“I am an excitable person who only understands life lyrically, musically, in whom feelings are much stronger as reason. I am so thirsty for the marvelous that only the marvelous has power over me. Anything I can not transform into something marvelous, I let go. Reality doesn't impress me. I only believe in intoxication, in ecstasy, and when ordinary life shackles me, I escape, one way or another. No more walls.”
In a moment of solitude, Im curled up quietly reflecting on my here and now. The present is calm..like still crystal clear waters stretched out perfectly reflecting a starry cloudy night above. Not a whisper, not a hush..its all so pristine.There's not a ripple to break the silence or marr the picturesque display.

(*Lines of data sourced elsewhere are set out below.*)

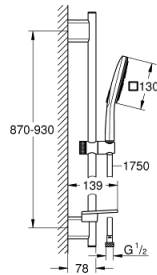

### TERMÉKLEÍRÁS

- Szín: króm
- az alábbiakból áll:
  - Rainshower SmartActive 130 Cube kézi zuhany (26 582)
  - maximális átfolyási sebesség (3 bar nyomáson): 8,5 l/perc
  - zuhanyrúd 900 mm
  - fém faltartókkal
  - Silverflex zuhanygégső 1750 mm 1/2" x 1/2" (28 388 000)
  - GROHE EasyReach polc
  - GROHE DreamSpray tökéletes zuhanyugár
  - GROHE LongLife felületkezelés
  - GROHE FastFixation Plus(állítható távolság a tartókonzolk között a meglévő furatokhoz való illeszkedéshez)
  - GROHE TileFix állítható távolság a felső és az alsó tartón
  - GROHE SpeedClean vízkőmentesítő fúvókákkal
  - Inner WaterGuide - belső szigetelés a felület
  - TwistStop csavarodásmentes zuhanygégső
  - átfolyós vízmelegítővel is alkalmazható

### ALKATRÉSZEK , március 2018 – now

1: Zuhanyrúd-tartó (Cikkszám 48425000)

2: Csúszóelem (Cikkszám 48424000)

3: Szappantartó (Cikkszám 48426000)

4: Szűrő (Cikkszám 0700200M)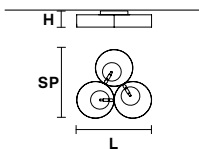

SOUND PL3

L 60 cm / 23.62"
SP 56 cm / 22.04"
H 14 cm / 5.51"

3×G9×40 W max (not included)

DOWN LED x 9 W CRI>90
3000 K - 1275 Nominal lm
Dimmable: PUSH + 1-10V

Beneath this facade, I know better, Im submerged in the deepest of thoughts..a weave of knots and tangles waiting to be unraveled but there is no rush..I take my time..it is nothing new after all..the bubble of existence that plays on and channels itself into different outlets..escapism..we're all guilty of that on some level or the other..
An old familiar drifts by..floats and wavers for a fraction of a second, it sets me off on a new tangent away from the muddle of contemplation that had me occupied..
I missed you terribly today...I apologize for my lack of communication, cant explain how mind numbing and exhausting my paradigm shifts are, when I really wish I would have it in me to really talk to you..but cant.
It is reassuring to know that we'll always be a phone call away. I cant explain what that consistency means to me. My changes don't allow for me to enjoy our memory lane, however sometimes a fractured sentence regarding an insane moment in la la land does bring about a wistful smile to curl across my lips.
Though the imaginary seasons have stopped rolling and the chronicles put away with the portrait of Dorian Gray, the ghosts too have begun to fade. Sanity is proving to be worth the price of shattered dreams.
Was watching a film you recommended a long time ago, will sleep immediately after.
Who am I kidding?
The perpetual insomniac sleepless in her own sleep.